Entity & Concept Extraction
After facts are extracted from sources, the system identifies the entities and concepts mentioned within each fact. This per-fact extraction is what connects raw evidence to the knowledge graph's structural nodes.
Entities vs. concepts
The system distinguishes two fundamental categories:
Entities
Entities are specific, named real-world things:
- People — "Albert Einstein", "Marie Curie"
- Organizations — "NASA", "World Health Organization"
- Locations — "Paris", "Mount Everest"
- Publications — "Nature", "The Lancet"
Entities have proper names and refer to unique, identifiable things in the world.
Concepts
Concepts are abstract topics, ideas, techniques, or phenomena:
- "photosynthesis", "machine learning", "democratic governance"
- "quantum entanglement", "supply chain management"
- "cognitive behavioral therapy", "pyramid construction techniques"
Concepts describe categories, processes, theories, or subjects that can be explored and discussed.
Per-fact extraction
Entity and concept extraction happens per-fact — for each individual fact, the LLM lists which entities and concepts are mentioned in that specific fact. This per-fact granularity is a deliberate design choice that dramatically reduces hallucinated cross-fact associations.
If extraction were done at the document level, the LLM might associate entities and concepts that appear in different paragraphs but have no actual relationship.

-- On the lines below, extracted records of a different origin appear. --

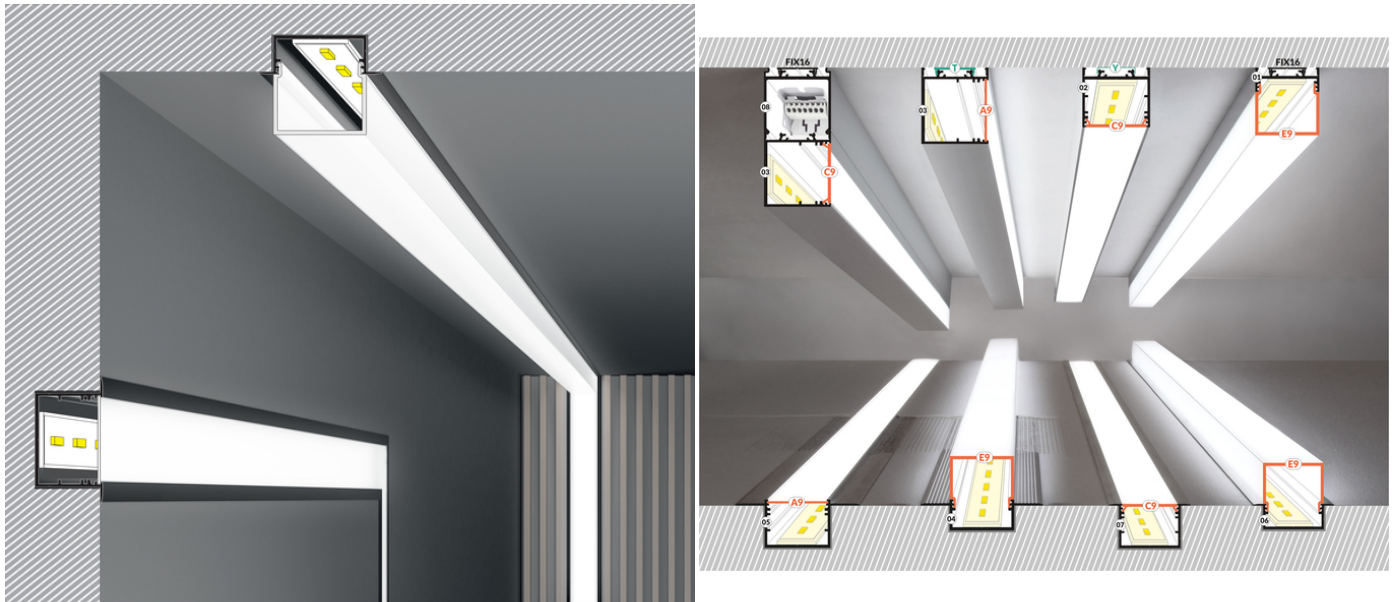

Basic Informations

EAN: 5901597240297 Index: V3260001 Material: aluminium Color: white painted Length [mm]: 2000 Weight [kg]: 0.712 Net weight [kg]: 0.012 Country of origin: PL	Measurement unit: qty Product packaging dimensions [mm]: 2000 x 44,4 x 24 Bulk packing [qty]: 20 Master packaging type: Carton Product with gross packaging weight [kg]: 15.94

AVAILABLE COLORS

LED profile VARIO30-07 ACDE-9/U9 2000 anod. V3260020	LED profile VARIO30-07 ACDE-9/U9 2000 raw alu. V3260000	LED profile VARIO30-07 ACDE-9/U9 2000 black anod. /plastic bag V3260021

AVAILABLE VARIANTS

1000 mm, 2000 mm, 3000 mm, 4050 mm

Matching elements

By extracting per-fact, every entity-fact and concept-fact link is grounded in a specific, verifiable statement.
Extraction schema
For each extracted entity or concept, the system records:
| Field | Description |
|---|---|
| name | The entity or concept name (2-150 characters) |
| node_type | entity or concept |
| entity_subtype | For entities: person, organization, location, or publication |
| fact_indices | Which facts (by index) mention this entity/concept |
| aliases | Alternative names provided by the LLM |
| extraction_role | How the entity appears: mentioned, subject, or actor |
Validation rules
Extracted names go through validation to filter out noise:
- Length: Must be 2-150 characters
- No pure initials: Rejects patterns like "K. M. A."

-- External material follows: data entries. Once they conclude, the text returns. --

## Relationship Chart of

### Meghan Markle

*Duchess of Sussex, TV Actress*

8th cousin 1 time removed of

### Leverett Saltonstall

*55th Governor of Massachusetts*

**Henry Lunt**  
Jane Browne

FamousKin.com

- No citation artifacts: Filters out "et al." and similar academic citation fragments
- Alphabetic content: Must be >40% alphabetic characters (rejects mostly punctuation/numbers)

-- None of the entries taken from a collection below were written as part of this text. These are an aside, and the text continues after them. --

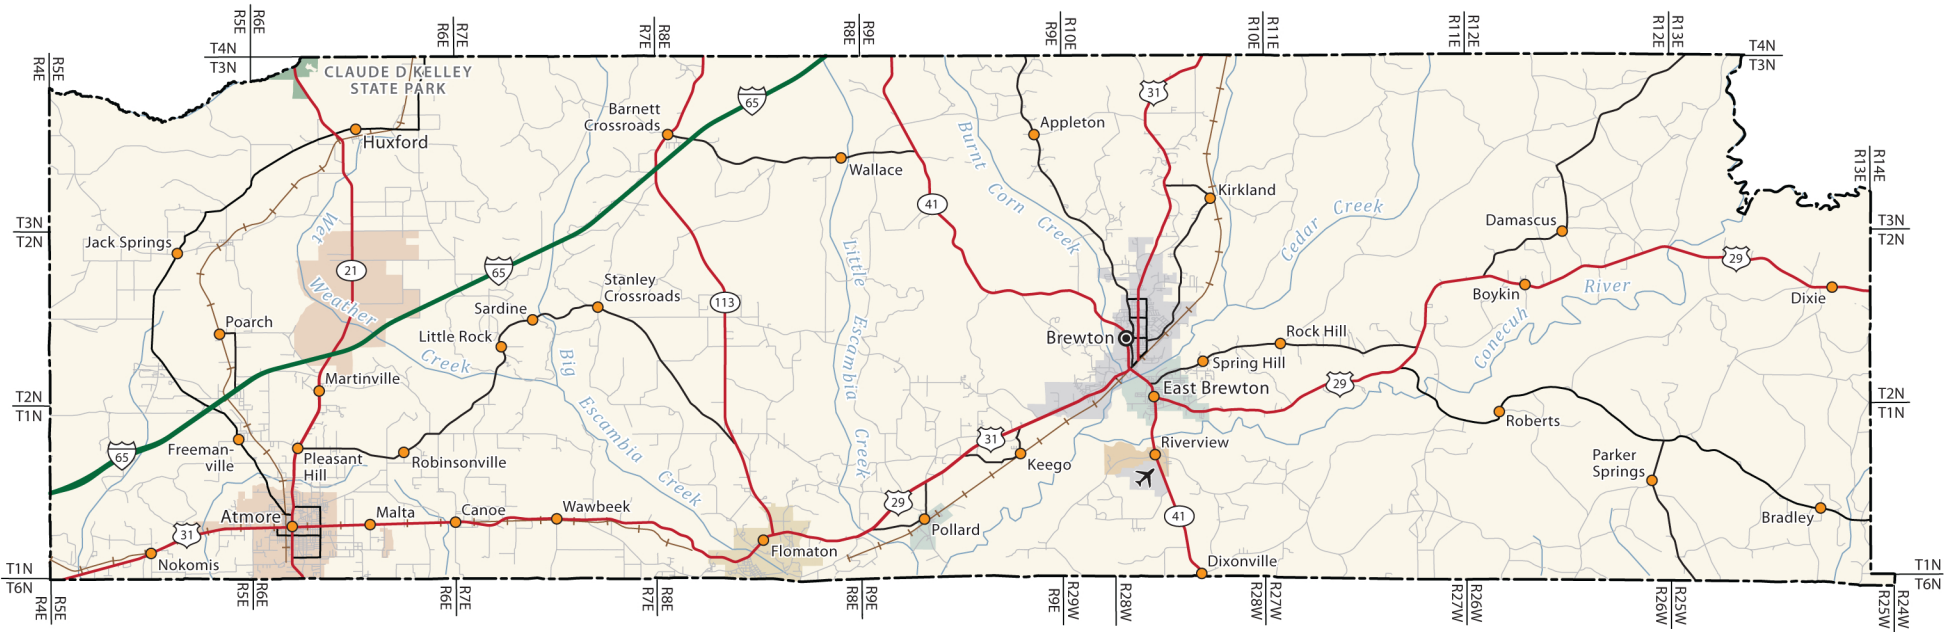

ESCAMBIA COUNTY

Explanation

- County seat
- Town or village
- Incorporated place
- Primary highway
- Secondary highway
- Other roads

Population Key

BIRMINGHAM.....	100,000	to	250,000
Tuscaloosa.....	50,000	to	100,000
Gadsden.....	10,000	to	50,000
Tuscumbia.....	2,500	to	10,000
Gordo.....	up to		2,500

Produced by the Cartographic Research Lab
College of Arts and Sciences
The University of Alabama

- No excessive repetition: Rejects names with repeated substrings
These rules ensure that only meaningful, well-formed entity and concept names enter the graph.
From extraction to seeds
Extracted entities and concepts don't become graph nodes directly. Instead, they become seeds — lightweight proto-nodes that accumulate facts over time. When a seed gathers enough evidence, it gets promoted to a full node in the knowledge graph.
This two-step process (extraction -> seed -> node) prevents the graph from being cluttered with nodes backed by only a single mention. It ensures every node in the graph has a meaningful factual base.